((
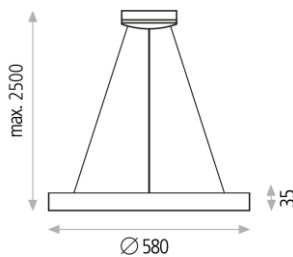

TIPO	TYPE	TYPE
Colgante	Pendant lamp	Suspension
ACABADO	FINISH	FINITION
Blanco texturado	Textured White	Blanc Texturé
MATERIAL	MATERIAL	MATIÈRE
Aluminio/Hierro/PMMA	Aluminium/Iron/PMMA	Aluminium/Fer/PMMA
DETALLES	DETAILS	DÉTAILS
2700K-3000K Slide S	2700K-3000K Slide S	2700K-3000K Slide S

DETALLES / DETAILS / DÉTAILS

MEDIDAS / MEASURES

	Length (mm)	Width (mm)	Height (mm)	KG	Gross (Kg)	Net (Kg)
Box 1	635	635	100	Weight 1	3,93	3,34
Box 2	0	0	0	Weight 2	0,00	0,00
))
- **WHAT THE TASK ASKS**: Give an exact copy of the listing, without its pictures.

- **ANSWER TO THIS TASK**:
TIPO	TYPE	TYPE
Colgante	Pendant lamp	Suspension
ACABADO	FINISH	FINITION
Blanco texturado	Textured White	Blanc Texturé
MATERIAL	MATERIAL	MATIÈRE
Aluminio/Hierro/PMMA	Aluminium/Iron/PMMA	Aluminium/Fer/PMMA
DETALLES	DETAILS	DÉTAILS
2700K-3000K Slide S	2700K-3000K Slide S	2700K-3000K Slide S

DETALLES / DETAILS / DÉTAILS

MEDIDAS / MEASURES

	Length (mm)	Width (mm)	Height (mm)	KG	Gross (Kg)	Net (Kg)
Box 1	635	635	100	Weight 1	3,93	3,34
Box 2	0	0	0	Weight 2	0,00	0,00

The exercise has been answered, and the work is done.